Speaker:I've heard people say that it's in the bush.
Speaker:So, you live in the countryside?
Speaker:(Dany) So, I actually should have started by saying that right now
Speaker:I'm on the unceded lands of the Gadigal people, in Sydney,
Speaker:but normally I live on the unceded lands of the Dharawal people,
Speaker:which is on the Southeast coast of Australia, it's inland a little bit.
Speaker:So, there are three rivers that pass through these very high escarpments
Speaker:and we live at the top of the river that is nearest the coast.
Speaker:So the land is rain forest land.
Speaker:And when you're there, it feels as if the escarpments or the cliffs,
Speaker:you probably think of them as canyons.
Speaker:It's as if they've got their arms around you,
Speaker:so you're nestled in this very high valley with the arms of the canyons around you.
Speaker:And then a river running through the valley, and that is where we leave.
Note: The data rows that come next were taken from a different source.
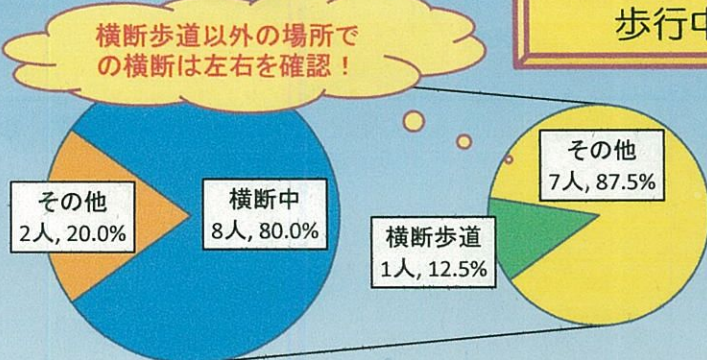

熊本南警察署管内における 小学生の交通事故 (H26年中)

死傷者数	
死者	0
負傷者	23

発生時間別

状態別

歩行中負傷者10人の分析

飛び出しによる事故多発

横断歩道を渡りましょう!

自転車・歩行中負傷者の自宅からの距離

自宅から100m以内での事故が多い

Speaker:(pattrice) You said to me once that you moved there
Speaker:for a purpose.
Speaker:So before we get to the terrible events of 2020
Speaker:that provoked you to write Summertime
Speaker:can you tell me something about that purpose?
Speaker:Because I think it has something to do with the Multi-Species Justice Project.
Speaker:(Dany) It does.
Speaker:There are really two purposes.
Speaker:Of course, we always do things for reasons that we don't understand,
Speaker:but there were two that I do understand.
Speaker:And one of them was, like most human people
Speaker:who are brought up in this culture, who are shaped in this culture,
Speaker:I had a very anthropocentric way of being.
Speaker:So, for example, thinking about, justice
Speaker:the way that we conceive of justice is justice is with humans.
Speaker:And that became increasingly intolerable for me,
Speaker:my own anthropocentrism,
Speaker:the way that I thought about and lived with other beings.
Speaker:I didn't want to be that way anymore.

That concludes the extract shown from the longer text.